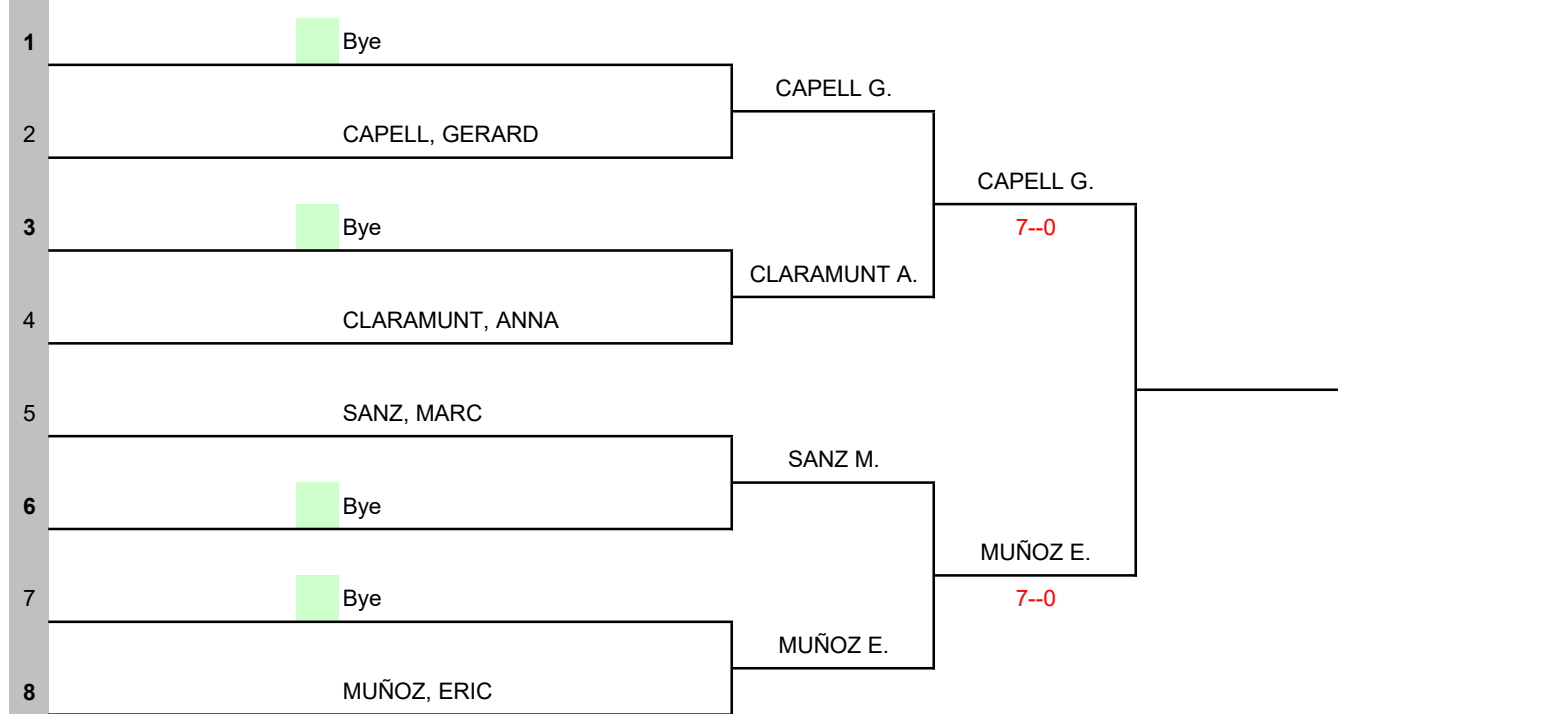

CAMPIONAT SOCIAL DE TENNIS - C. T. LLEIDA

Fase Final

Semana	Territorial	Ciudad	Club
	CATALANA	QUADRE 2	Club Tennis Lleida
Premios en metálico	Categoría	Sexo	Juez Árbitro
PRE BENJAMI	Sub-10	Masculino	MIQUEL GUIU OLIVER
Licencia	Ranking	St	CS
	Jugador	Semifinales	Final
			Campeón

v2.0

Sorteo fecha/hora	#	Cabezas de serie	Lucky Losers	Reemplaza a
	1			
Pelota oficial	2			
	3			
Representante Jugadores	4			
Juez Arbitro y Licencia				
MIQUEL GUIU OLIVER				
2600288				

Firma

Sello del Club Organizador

EXERCISE GOAL. Your copy of the records must match them exactly, except that no pictures appear in it.

ANSWER FOR THIS EXERCISE.
CAMPIONAT SOCIAL DE TENNIS - C. T. LLEIDA

Fase Final

Semana	Territorial	Ciudad	Club
	CATALANA	QUADRE 2	Club Tennis Lleida
Premios en metálico	Categoría	Sexo	Juez Árbitro
PRE BENJAMI	Sub-10	Masculino	MIQUEL GUIU OLIVER
Licencia	Ranking	St	CS
	Jugador	Semifinales	Final
			Campeón

v2.0

Sorteo fecha/hora	#	Cabezas de serie	Lucky Losers	Reemplaza a
	1			
Pelota oficial	2			
	3			
Representante Jugadores	4			
Juez Arbitro y Licencia				
MIQUEL GUIU OLIVER				
2600288				

Firma

Sello del Club Organizador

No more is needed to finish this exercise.